[Stored data]
***

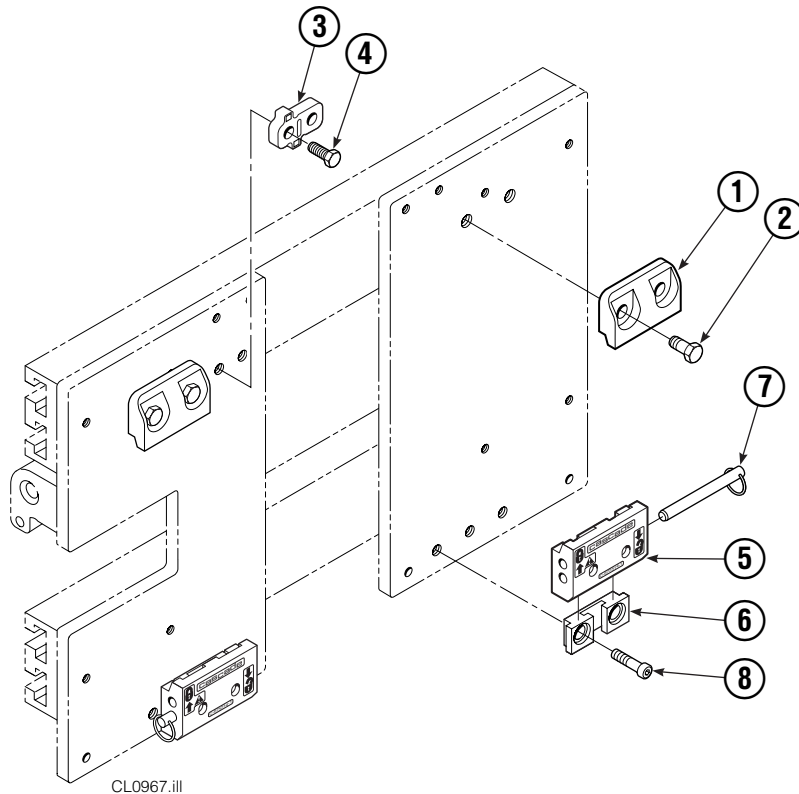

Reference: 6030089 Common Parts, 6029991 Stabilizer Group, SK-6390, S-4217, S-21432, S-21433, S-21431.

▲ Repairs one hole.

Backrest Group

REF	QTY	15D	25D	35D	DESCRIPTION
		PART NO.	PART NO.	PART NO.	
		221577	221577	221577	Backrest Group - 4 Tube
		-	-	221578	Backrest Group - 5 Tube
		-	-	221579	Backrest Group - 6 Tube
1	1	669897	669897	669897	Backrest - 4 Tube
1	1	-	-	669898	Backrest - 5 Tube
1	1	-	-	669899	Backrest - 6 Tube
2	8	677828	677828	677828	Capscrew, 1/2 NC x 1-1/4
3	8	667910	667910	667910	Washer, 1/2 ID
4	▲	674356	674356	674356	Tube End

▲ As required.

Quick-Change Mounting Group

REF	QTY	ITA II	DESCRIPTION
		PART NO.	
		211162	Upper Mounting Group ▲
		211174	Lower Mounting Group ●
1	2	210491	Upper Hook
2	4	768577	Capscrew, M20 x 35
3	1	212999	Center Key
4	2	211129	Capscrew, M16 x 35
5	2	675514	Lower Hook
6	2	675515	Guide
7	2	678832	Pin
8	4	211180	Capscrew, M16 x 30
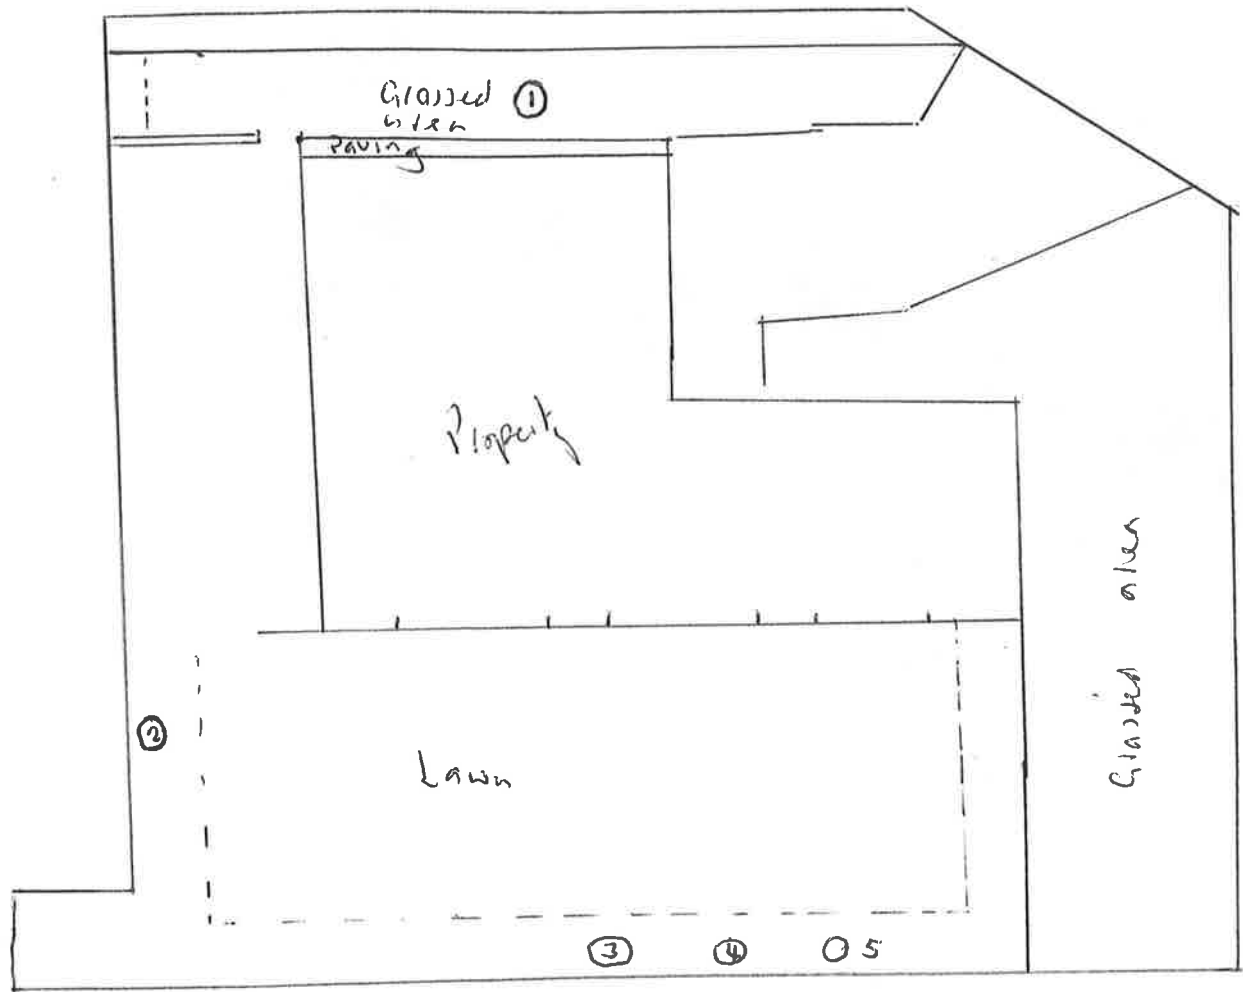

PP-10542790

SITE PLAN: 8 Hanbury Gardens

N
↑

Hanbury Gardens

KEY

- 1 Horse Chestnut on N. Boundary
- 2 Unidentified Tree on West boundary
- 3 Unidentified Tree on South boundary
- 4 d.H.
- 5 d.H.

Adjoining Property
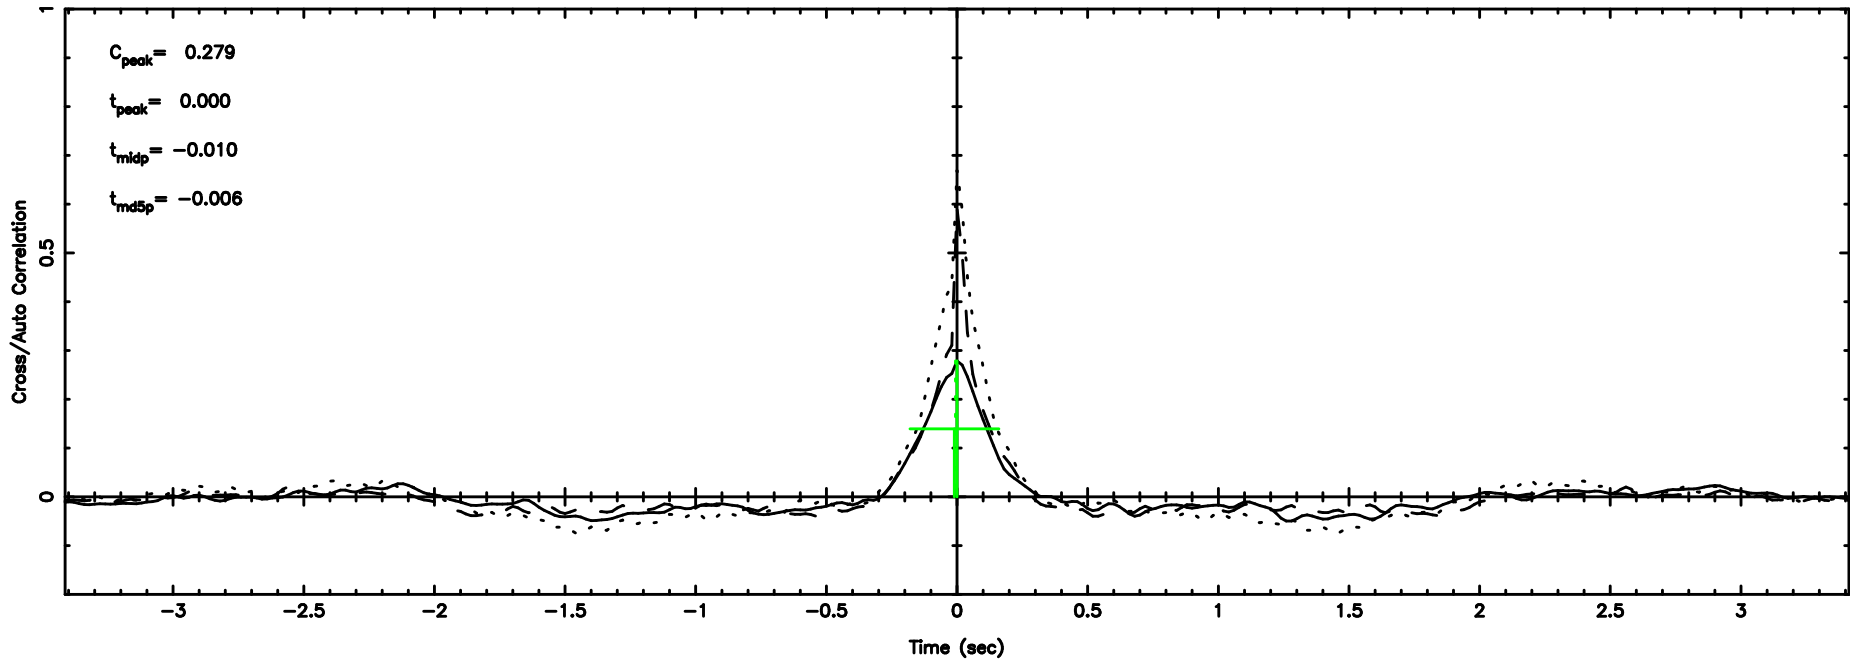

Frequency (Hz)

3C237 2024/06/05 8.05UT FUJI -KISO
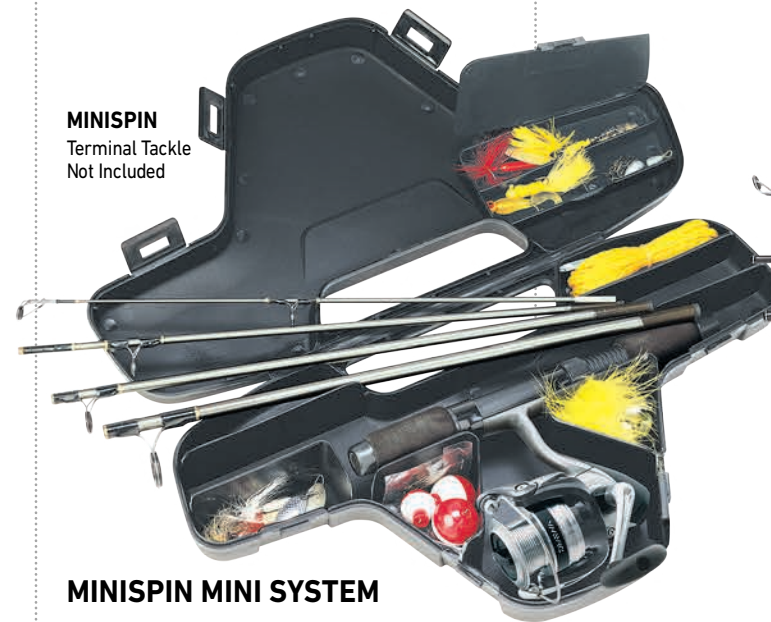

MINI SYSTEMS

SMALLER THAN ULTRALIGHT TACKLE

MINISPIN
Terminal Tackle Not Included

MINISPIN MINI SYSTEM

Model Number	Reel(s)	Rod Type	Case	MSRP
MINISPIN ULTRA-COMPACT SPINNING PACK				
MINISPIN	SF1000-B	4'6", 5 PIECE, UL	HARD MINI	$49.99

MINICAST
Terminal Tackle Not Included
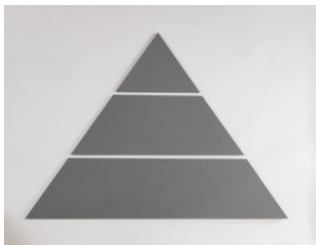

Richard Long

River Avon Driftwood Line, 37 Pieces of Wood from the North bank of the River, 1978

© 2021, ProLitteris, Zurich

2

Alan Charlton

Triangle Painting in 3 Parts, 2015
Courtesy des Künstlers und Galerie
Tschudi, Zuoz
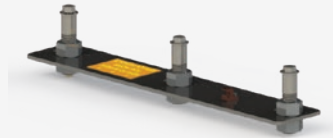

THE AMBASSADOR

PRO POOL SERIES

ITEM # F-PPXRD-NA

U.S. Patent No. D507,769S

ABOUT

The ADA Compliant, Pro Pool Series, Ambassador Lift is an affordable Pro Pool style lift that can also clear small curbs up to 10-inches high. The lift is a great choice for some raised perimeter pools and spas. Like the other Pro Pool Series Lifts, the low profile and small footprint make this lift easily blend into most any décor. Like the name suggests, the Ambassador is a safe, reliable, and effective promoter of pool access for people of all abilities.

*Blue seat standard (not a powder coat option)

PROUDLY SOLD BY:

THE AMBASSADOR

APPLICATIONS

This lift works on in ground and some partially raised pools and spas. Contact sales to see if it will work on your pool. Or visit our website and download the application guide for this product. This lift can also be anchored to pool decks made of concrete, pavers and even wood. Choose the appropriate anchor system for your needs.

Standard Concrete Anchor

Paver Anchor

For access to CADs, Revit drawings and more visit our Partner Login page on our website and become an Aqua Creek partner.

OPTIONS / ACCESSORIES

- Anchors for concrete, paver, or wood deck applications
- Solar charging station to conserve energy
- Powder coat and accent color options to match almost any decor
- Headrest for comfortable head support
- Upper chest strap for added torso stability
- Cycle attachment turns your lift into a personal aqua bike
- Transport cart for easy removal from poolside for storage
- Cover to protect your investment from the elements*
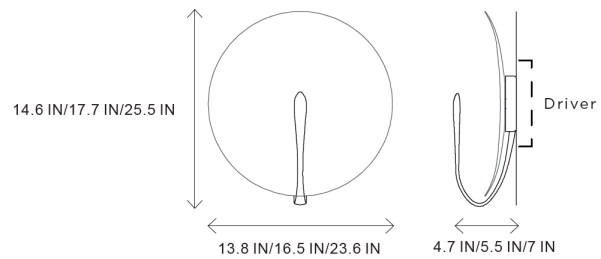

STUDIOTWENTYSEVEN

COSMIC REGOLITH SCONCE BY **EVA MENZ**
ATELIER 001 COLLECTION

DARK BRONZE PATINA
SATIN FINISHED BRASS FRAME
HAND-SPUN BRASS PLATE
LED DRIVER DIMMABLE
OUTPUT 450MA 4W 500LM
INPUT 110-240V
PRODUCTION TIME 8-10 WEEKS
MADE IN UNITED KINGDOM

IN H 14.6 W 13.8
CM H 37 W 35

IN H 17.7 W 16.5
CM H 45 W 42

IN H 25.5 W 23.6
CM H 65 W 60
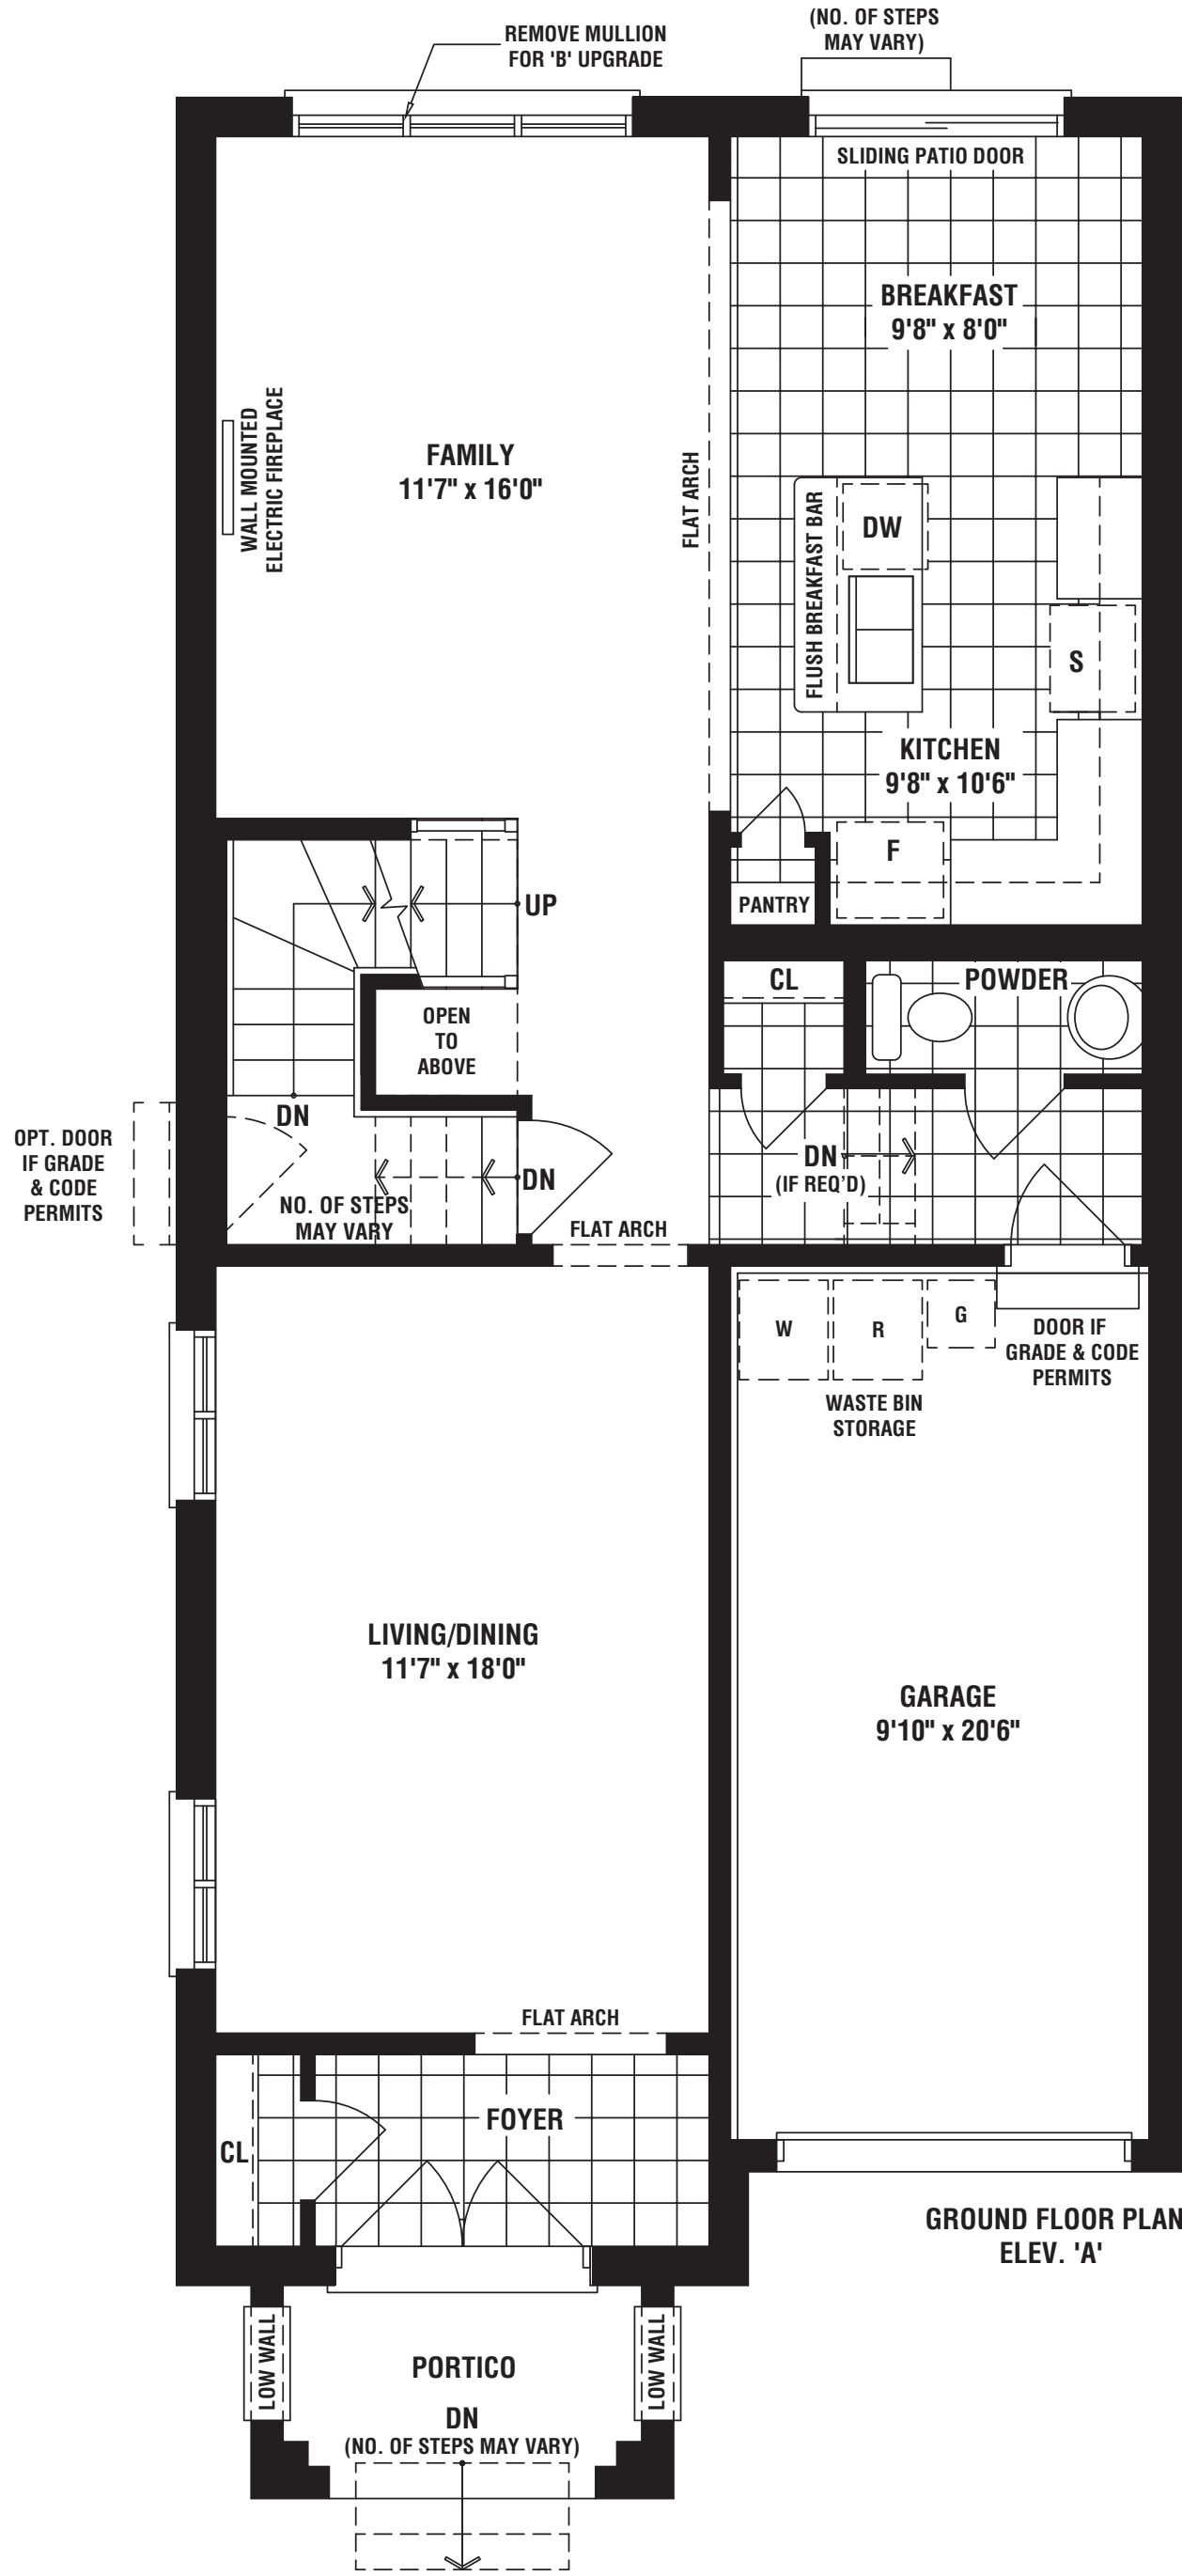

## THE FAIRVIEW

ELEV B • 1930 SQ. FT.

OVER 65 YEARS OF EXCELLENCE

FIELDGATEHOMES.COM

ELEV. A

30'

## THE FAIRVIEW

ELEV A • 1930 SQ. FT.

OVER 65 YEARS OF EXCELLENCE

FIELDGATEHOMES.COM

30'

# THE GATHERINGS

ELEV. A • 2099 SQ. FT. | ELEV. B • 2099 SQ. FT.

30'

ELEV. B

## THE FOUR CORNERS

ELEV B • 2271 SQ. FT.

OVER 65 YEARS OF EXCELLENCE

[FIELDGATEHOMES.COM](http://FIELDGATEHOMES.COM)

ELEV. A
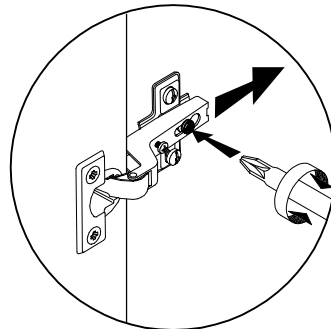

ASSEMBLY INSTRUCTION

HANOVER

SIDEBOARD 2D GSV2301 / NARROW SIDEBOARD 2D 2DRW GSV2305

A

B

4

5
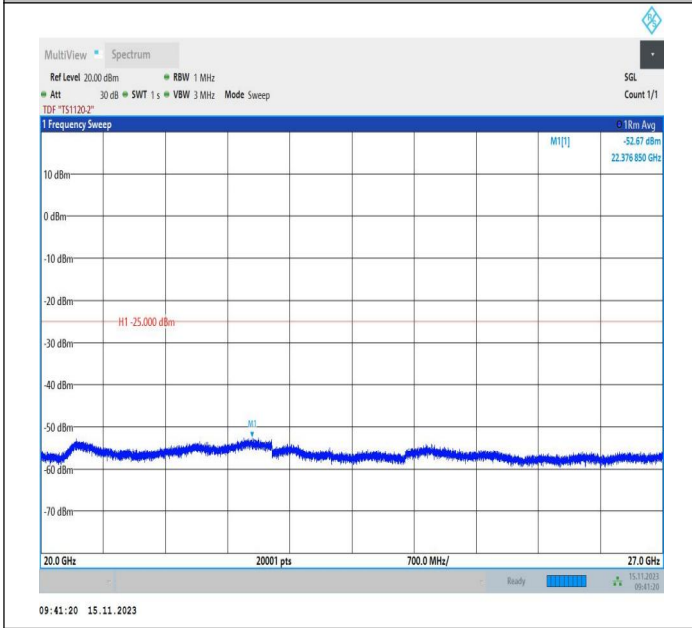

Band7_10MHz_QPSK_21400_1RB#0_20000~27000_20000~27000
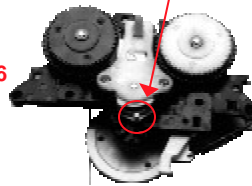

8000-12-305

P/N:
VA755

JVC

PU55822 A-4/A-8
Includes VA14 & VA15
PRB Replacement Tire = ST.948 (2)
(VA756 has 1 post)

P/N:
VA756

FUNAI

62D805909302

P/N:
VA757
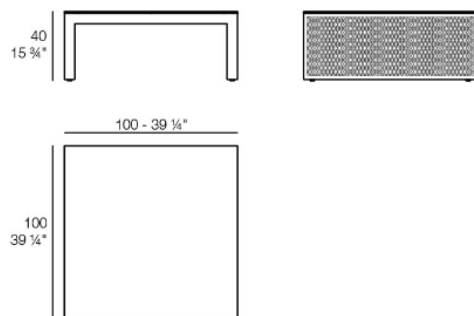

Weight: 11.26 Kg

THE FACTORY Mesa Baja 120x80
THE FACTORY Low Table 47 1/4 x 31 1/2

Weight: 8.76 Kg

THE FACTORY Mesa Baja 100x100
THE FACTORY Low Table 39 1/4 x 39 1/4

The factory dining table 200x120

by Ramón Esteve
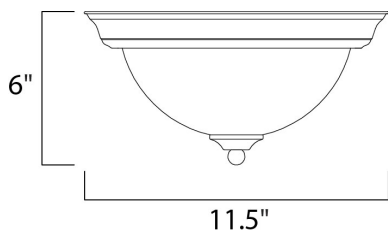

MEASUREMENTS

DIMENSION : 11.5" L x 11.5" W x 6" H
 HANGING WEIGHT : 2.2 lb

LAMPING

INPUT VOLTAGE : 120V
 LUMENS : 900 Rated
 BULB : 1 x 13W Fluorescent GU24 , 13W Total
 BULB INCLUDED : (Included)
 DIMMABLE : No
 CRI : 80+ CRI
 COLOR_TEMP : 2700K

***

WORK INSTRUCTIONS>
In the entries above, find every line holding the word "your" and copy it out.

EXERCISE RESPONSE>
This lift works on in ground and some partially raised pools and spas. Contact sales to see if it will work on your pool. Or visit our website and download the application guide for this product. This lift can also be anchored to pool decks made of concrete, pavers and even wood. Choose the appropriate anchor system for your needs.
- Cycle attachment turns your lift into a personal aqua bike
- Cover to protect your investment from the elements*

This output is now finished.